[Opening Data excerpts section]

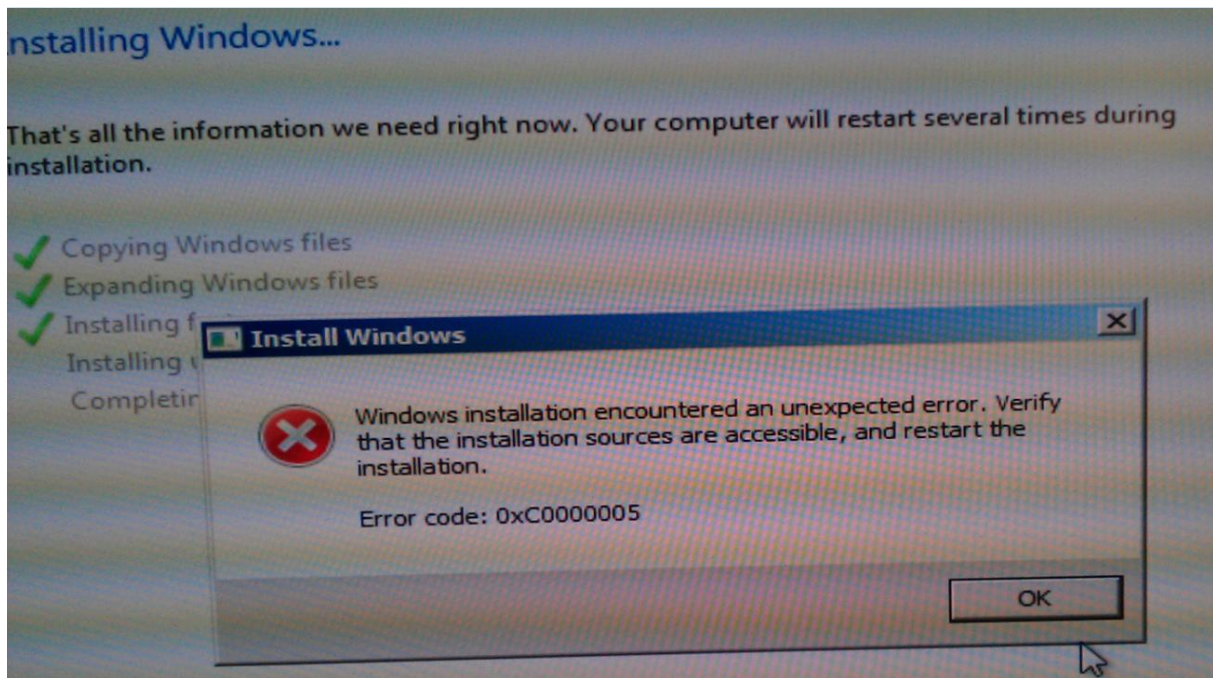

Blue Screen dump 1:

Disk error 2:

Install W7 error 3:

Blue Screen dump 4:

Black screen 5:

Install Windows 6:

Blue Screen dump 7:
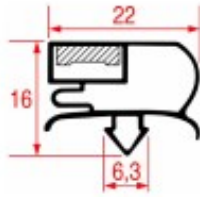

Gaskets for refrigerators

SNAP-IN GASKETS PROFILE 1042

LF Code	Long side mm	Short side mm	Suitable for
3286115	1635	600	DELFIELD

[Closing Data excerpts section]

The answer must be an exact copy of the records above, with the pictures left out.

Result of the exercise:
Blue Screen dump 1:

Disk error 2:

Install W7 error 3:

Blue Screen dump 4:

Black screen 5:

Install Windows 6:

Blue Screen dump 7:

Gaskets for refrigerators

SNAP-IN GASKETS PROFILE 1042

LF Code	Long side mm	Short side mm	Suitable for
3286115	1635	600	DELFIELD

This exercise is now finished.